Many of the most meaningful human-human connections are fostered through sharing of personal stories and empathizing with emotional experiences [11, 21, 27]. Although people consume pages of digital content everyday, digitized text can reduce the true empathic impact of a story to a stale, desensitized version if design of the text is not carefully considered. In contrast, speech conveys information beyond words alone – there is emotional richness in the way people tell stories. Representing these prosodic features as visual cues could enhance empathy in reading experiences by injecting the human quality back into the text. In addition, such a system could help convey emotion in the voice to people with hearing impairments or trouble with emotion identification.

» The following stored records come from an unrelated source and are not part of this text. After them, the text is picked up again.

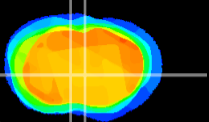

Coronal

Sagittal-R

Sagittal-L

ViBrism: CX07459
Horizontal

LS
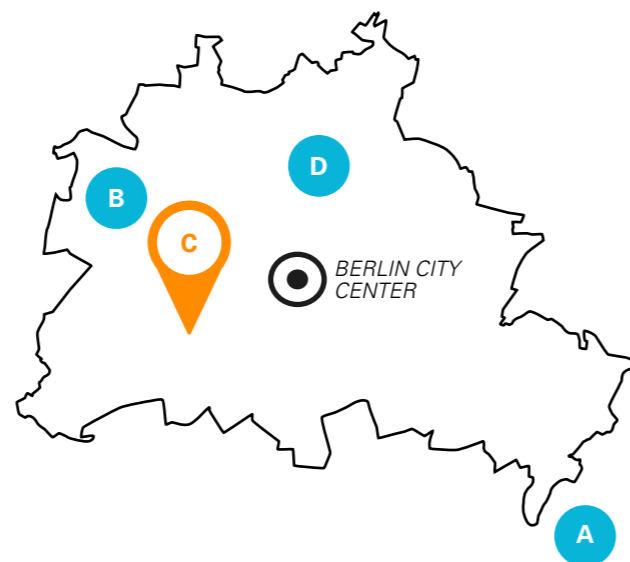

The Villa is a small and very relaxed summer school in Berlin – perfect for students who like it urban but appreciate a familial touch.

DAILY ACTIVITIES
IN BERLIN

STUDENTS ON BERLIN'S RIVER SPREE

PRICES

Dates & prices
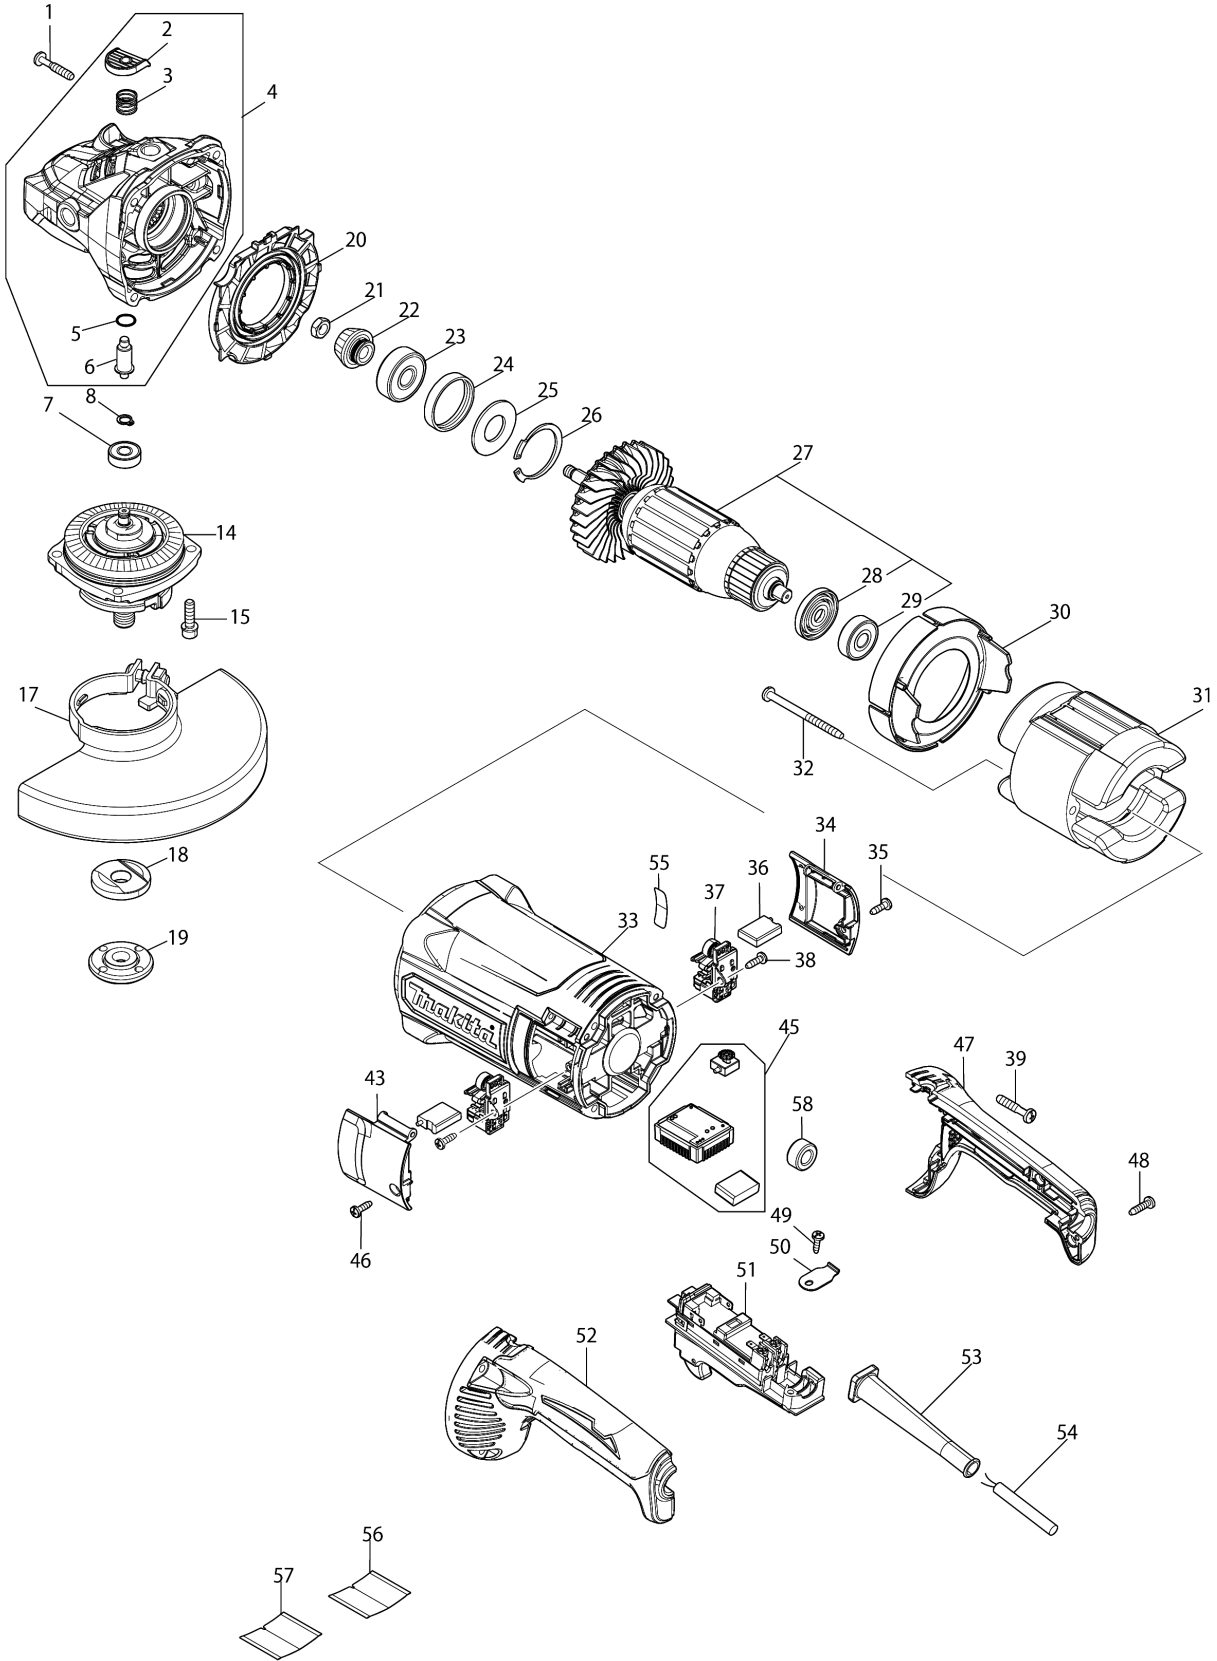

Model No.GA7081 180MM ANGLE GRINDER

Model No.GA7081 180MM ANGLE GRINDER

Item	Parts No.	Description	I/C	Qty	New/Old	Opt. 1	Opt. 2	Note
001	251489-7	TAPPING SCREW 5X30		4				
002	413H41-9	PIN CAP		1				
003	233292-8	COMPRESSION SPRING 12		1				
004	136698-8	GEAR HOUSING ASSY		1				
C10	262118-7	FELT RING 18		1				
C20	263002-9	RUBBER PIN 4		1				
D10		INC. 2,3,5,6						
005	213062-1	O RING 9		1				
006	256491-5	SHOULDER PIN 5		1				
007	211032-4	BALL BEARING 608ZZ		1				
008	961004-6	RETAINING RING S-8		1				
014	122C65-1	TORQUE LIMITER ASSEMBLY 180		1				
C10	213760-7	O RING 78		1				
C15	252429-8	NUT M15-23		1				
C20	232163-6	CUP SPRING 20		2				
C25	267798-4	LOCK WASHER		2				
C30	227998-8	SPIRAL BEVEL GEAR 53		1				
C35	265120-9	PAN HEAD SCREW M5X16		3				
C40	285741-1	BEARING RETAINER 50		1				
C45	267167-9	FLAT WASHER 15		1				
C50	211278-2	BALL BEARING 6203DDW		1				
C55	312D39-8	BEARING BOX		1				
C60	141D62-4	SPINDLE COMPLETE		1				
015	265541-5	HEX. SOCKET HEAD BOLT M6X22		4				
017	122889-7	WHEEL COVER 180K ASSEMBLY		1				
C10	213017-6	O RING 6		1				
C20	265198-2	+PAN HEAD SCREW M8X25		1				
018	224490-5	INNER FLANGE 14-45		1				
019	224485-8	LOCK NUT 14-45		1				
020	456238-9	DIFFUSER		1				
021	252194-9	HEX. NUT M8		1				
022	227954-8	SPIRAL BEVEL GEAR 15		1				
023	211132-0	BALL BEARING 6301DDW		1				
024	262085-6	RUBBER RING 38		1				
025	267299-2	FLAT WASHER 20		1				
026	962211-4	RETAINING RING R-42		1				
027	511A29-2	ARMATURE ASS'Y 240V		1				
C10	240161-6	FAN 86		1				
D10		INC. 28,29						
028	681630-2	INSULATION WASHER		1				
029	211087-9	BALL BEARING 6200DDW		1				

Please order the parts with part number.

Print Date 28/12/2021

In this paper, we specifically answer the question: What design elements should affective fonts have in order to visually convey emotion and improve empathy for spoken stories? We present the design and evaluation of Affective Typography (AffType), an AI-driven system that converts prosodic and sentiment-related information present in speech into typographic properties and emojis. Prior works have explored how to convey speech features through text in order to improve accuracy of the perceived emotion [2, 6]. However, we are specifically interested in how affective typography impacts a reader’s ability to empathize with a storyteller and create more expressive text, not just accuracy of the conveyed emotion. Our system implementation leverages deep learning and lexicon-based sentiment models, as well as speech feature extraction pipelines to generate affective text. In addition, our system is easily transferable to digital text, as we use boldness, spacing, color, and emojis, which are available across most front-end applications and web browsers. Through a crowdsourced study (N = 140), we evaluate our system’s ability to improve empathy on personal stories with different emotional arcs. We do not find statistically significant results across font conditions, but we do identify a preference for color to express emotions. Our preliminary findings motivate more extensive work on using intelligent visual design to convey affective information from modalities that may be less accessible in digital settings and which can enhance the emotions in text.

2 Related Work

Stories have the ability to elicit empathy and help us connect with others [1, 4, 10]. In fact, some research has shown that when telling a story to a second listener, speakers and listeners couple their brain activity, indicating the neurological underpinnings of story sharing [12, 24]. Our work is interested in how AI-driven fonts can be used to convey emotional information present in spoken stories, potentially improving salience and emphasis of a storyteller’s emotions, and ultimately, empathy towards the narrator.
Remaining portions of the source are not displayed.